Blackwell remarried during that time, and as she was finishing up her master’s degree, her husband, Jim, got an opportunity to go back into the military.
“We moved to Hawaii, and that was a highlight in my life,” Blackwell said. “That’s when I began teaching nursing. We were there for four years and afterwards, continued with several moves over the years. Each place I went, I found a job in teaching. I had the opportunity to work with so many talented, dedicated people with different philosophies of nursing. I learned so much.”
In 2000, when she and her husband returned to the area, Blackwell became an ADN instructor at OCtech.
“I started as a medical-surgical instructor,” she said. “Mrs. Delura Knight had been a teacher of mine and so had Connie Varn, so I knew them well. I always had the utmost respect for them. Everybody was warm and welcoming.
“When Mrs. Knight left, she was dean and program coordinator for nursing. When I became dean, Connie Varn became the program coordinator. We worked together to separate job duties. It was a smooth transition. We have worked very well together, both loving the ADN program.”
With her new title, Blackwell became head of not only the college’s nursing program, but its many health science programs, as well.
“I’ve always had a lot of respect for the radiologic technicians, respiratory therapists, physical therapist assistants, medical assistants and patient care technicians,” she said. “Our health programs have always been high quality. When I took this job, it gave me a wonderful opportunity to work with those program coordinators and faculty to grow their programs. It has been one of the most rewarding experiences of my life.
“There is a need for all of healthcare. Nursing is only one piece of it.”
Blackwell said much of the division’s success is due to the support of the college’s administration, namely Dr. Tobin and Vice President for Academic Affairs Donna Elmore.
“They are a great part of the strength of OCtech,” she said. “Nobody could have been more supportive of our programs. They are visionaries who have a commitment to excellence.”

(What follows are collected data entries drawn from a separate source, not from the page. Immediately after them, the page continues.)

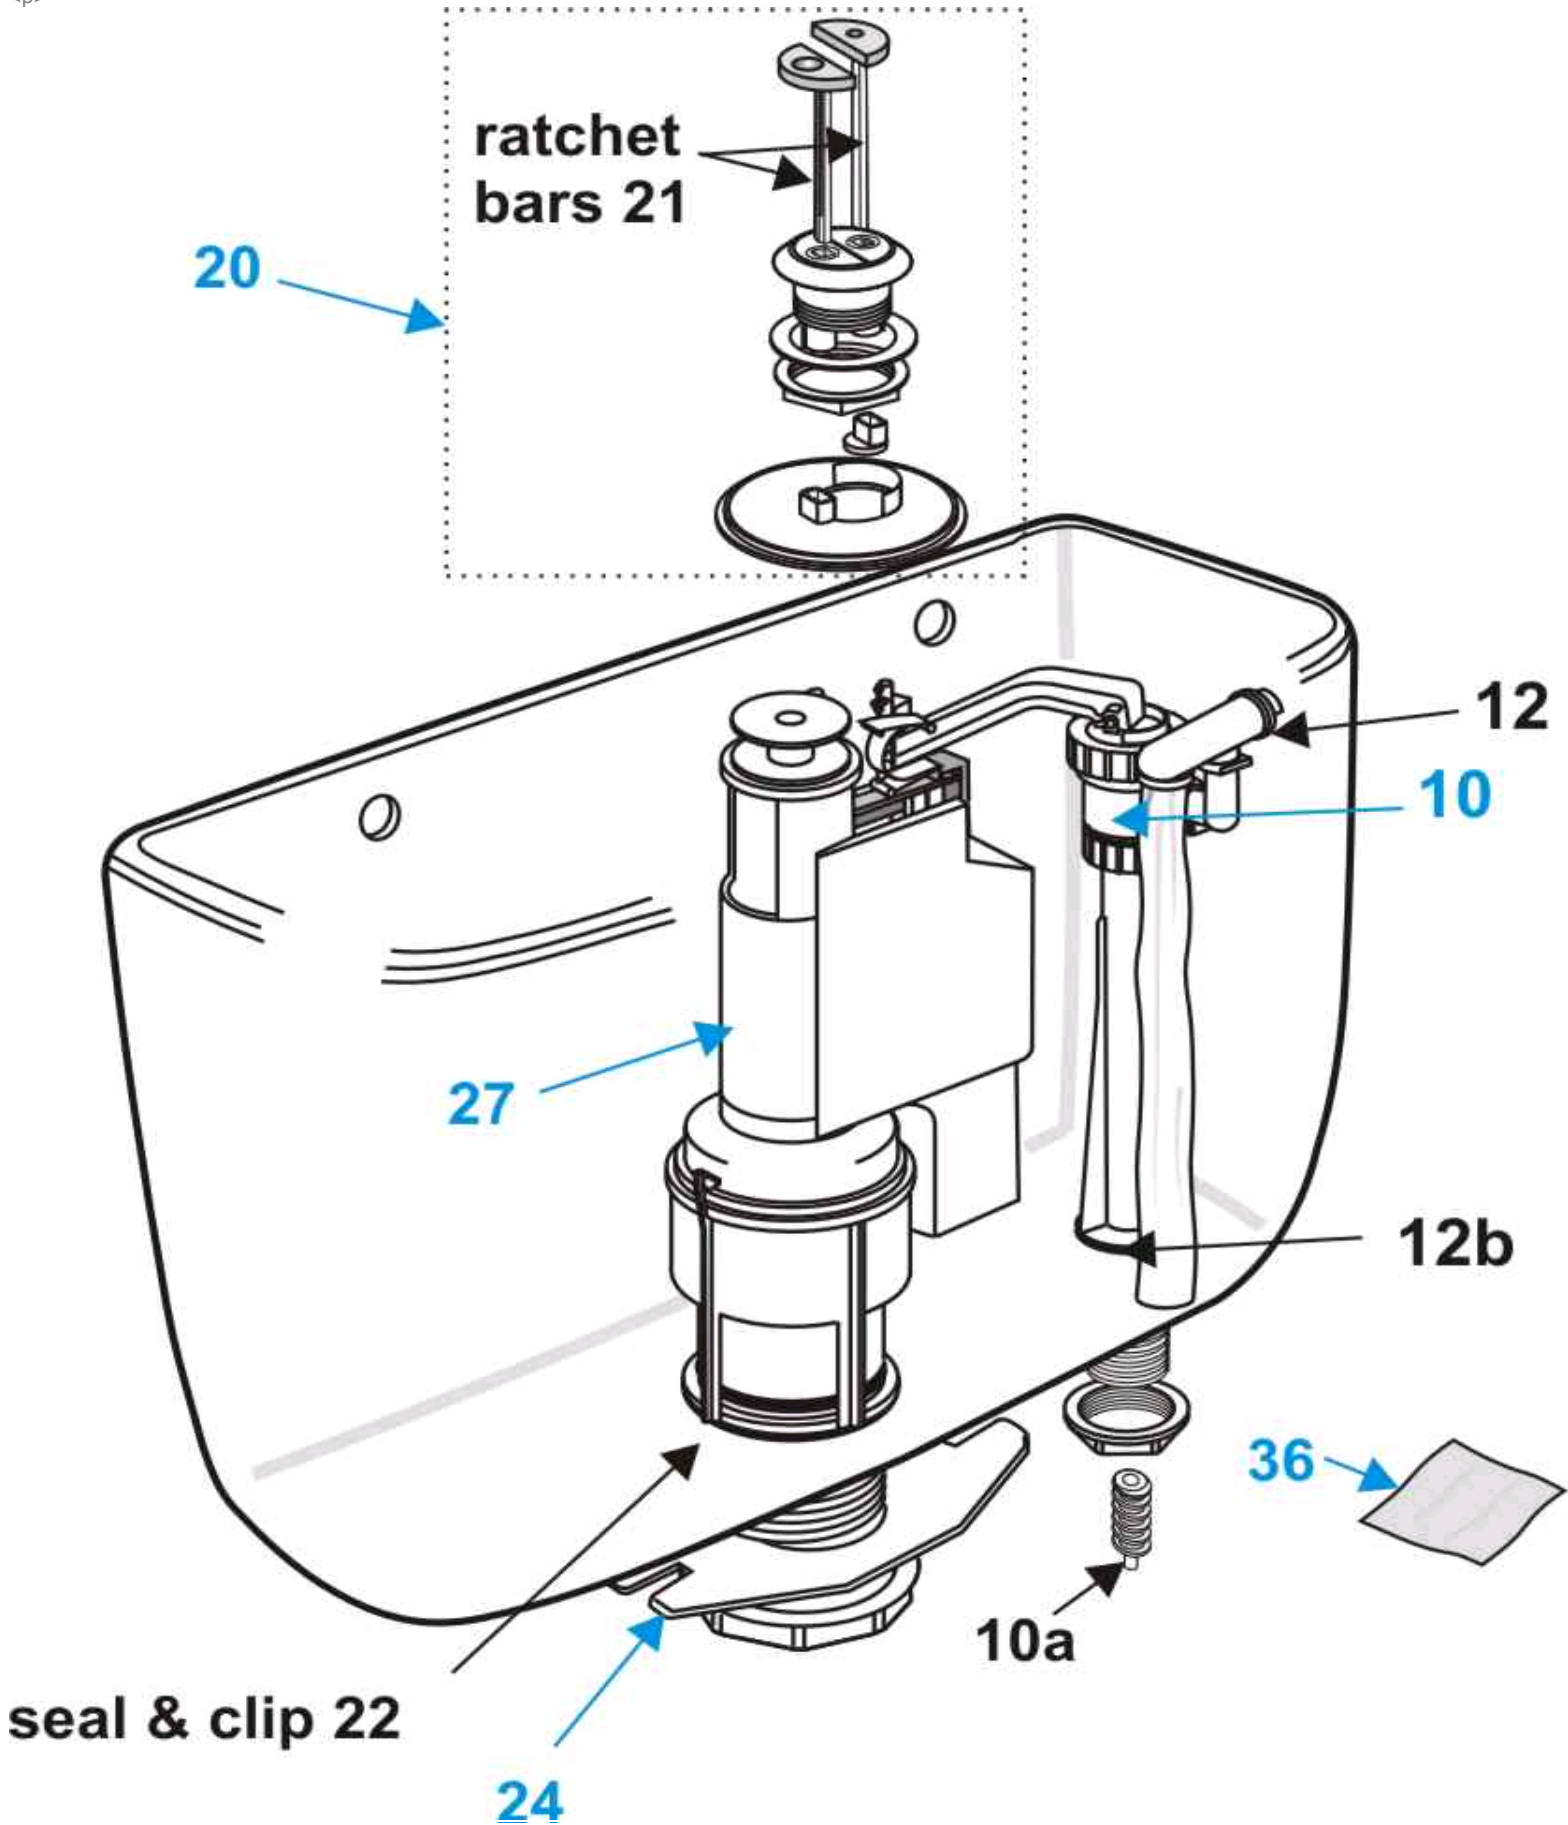

<p>

Items in BLUE make up the complete set of cistern fittings

Ref.	Description	Part No.
1	Original Flushing device -DF VALVE -2 inch OUTLET 200mm O/F	-
10	Inlet valve complete -Replacement -QBV INLINE BI LH 244mm	SV43267
10a	Quiet inlet valve restrictor	SV56567
12	Inlet valve diverter	S454067
12b	Inlet valve -1/2 inch BSP washer (between inlet valve & cist wall)	SV61067
13	Inlet valve -servicing kit	SV63567
20	Cistern cover button -Armitage Shanks -D/F 'crescent' (Freeflo flush valve)	S4496--
22	Flush valve spares -seal and seal clip	SV01967
24	Close coupling plate with nuts and bolts - VALVE TYPE - FORMED	SV38967
25	Close coupling washer	SV32467
27	Flush Valve -Replacement -(Freeflo)	SV056AA
36	Cistern loose components pack (non-fitted parts in new cistern packs)	SV42167
37	Complete fittings -order items- 10-20-24-27-36	-
98	Unicaps	EV00667
99	EESV04867	-

Of course, Blackwell said she will miss the students. “They have been the greatest reward,” she said. “What more could you ask for in life than to have a job that has afforded the opportunity to make a difference in lives? I would hope that everybody has the opportunity to go away from a lifetime of work feeling so positive about it.”
Making a difference is the reason Blackwell’s granddaughter, Cierra Bell, decided to follow in her grandmother’s footsteps. Bell graduated from OCtech’s ADN program in May.
“As my journey seems to have ended, hers is beginning. That’s a special thing,” Blackwell said. “But I think the most special piece of it all is it’s not just her – it’s all of the students over the years. You share more than just nursing education with them. You share compassion and caring, and they’re with you in the classroom and clinical settings and discover what a nurse should be. It’s like a part of my philosophy of nursing will always be with them. And that’s really gratifying.”
Blackwell said she considers herself blessed to have worked at a place with such a loving and supportive work family.
“We all have the same goals for our students, the same quality of instruction and the same pride in the college,” she said. “I will miss the people who come together to make it happen at OCtech.
“I am not sure what I want to do in retirement. It is more than enough to have had a career that allowed so many to touch my life in such a wonderful and lasting way. I’ll figure retirement out, but if it’s just half as rewarding an experience as I’ve had over these years, I’ll be satisfied.”